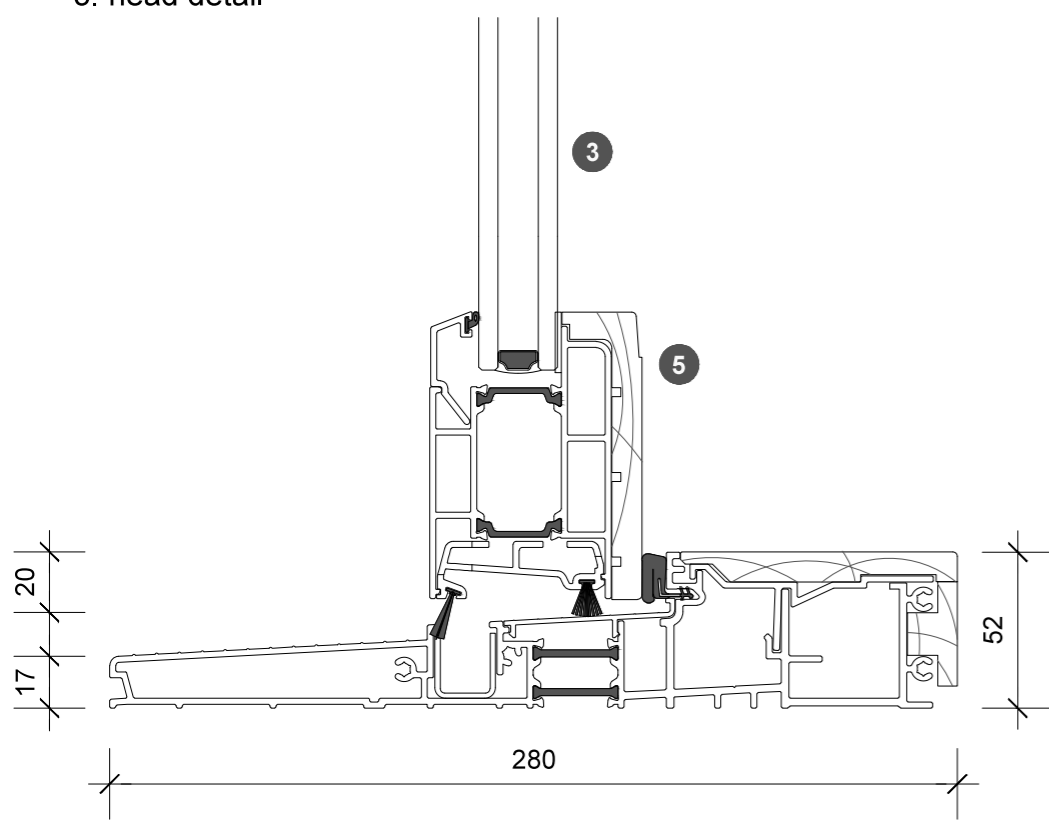

Head support bracket provided where fixing is inboard of the carrier track (folding doors only)

3a. head detail

elevation key

plan key

	right frame	
	odd no. of panels	even no. of panels
left frame		
odd number of panels	✓	✓
even number of panels	✓	✗

note: not available in even/even door panel configuration.

- 1 screen/shade box
- 2 door panel stile
- 3 glazing
- 4 top rail
- 5 bottom rail
- 6 screen stile
- 7 screen/blind
- 8 lever handle
- 9 pivot

legend

3. head detail

4. sill detail

1. jamb detail

2. jamb detail

→ **Task objective**
Starting with the first line of the material, print each line exactly until you have printed the line with "- 4 top rail", and skip the pictures.

→ **Written solution**
Head support bracket provided where fixing is inboard of the carrier track (folding doors only)

3a. head detail

elevation key

plan key

	right frame	
	odd no. of panels	even no. of panels
left frame		
odd number of panels	✓	✓
even number of panels	✓	✗

note: not available in even/even door panel configuration.

- 1 screen/shade box
- 2 door panel stile
- 3 glazing
- 4 top rail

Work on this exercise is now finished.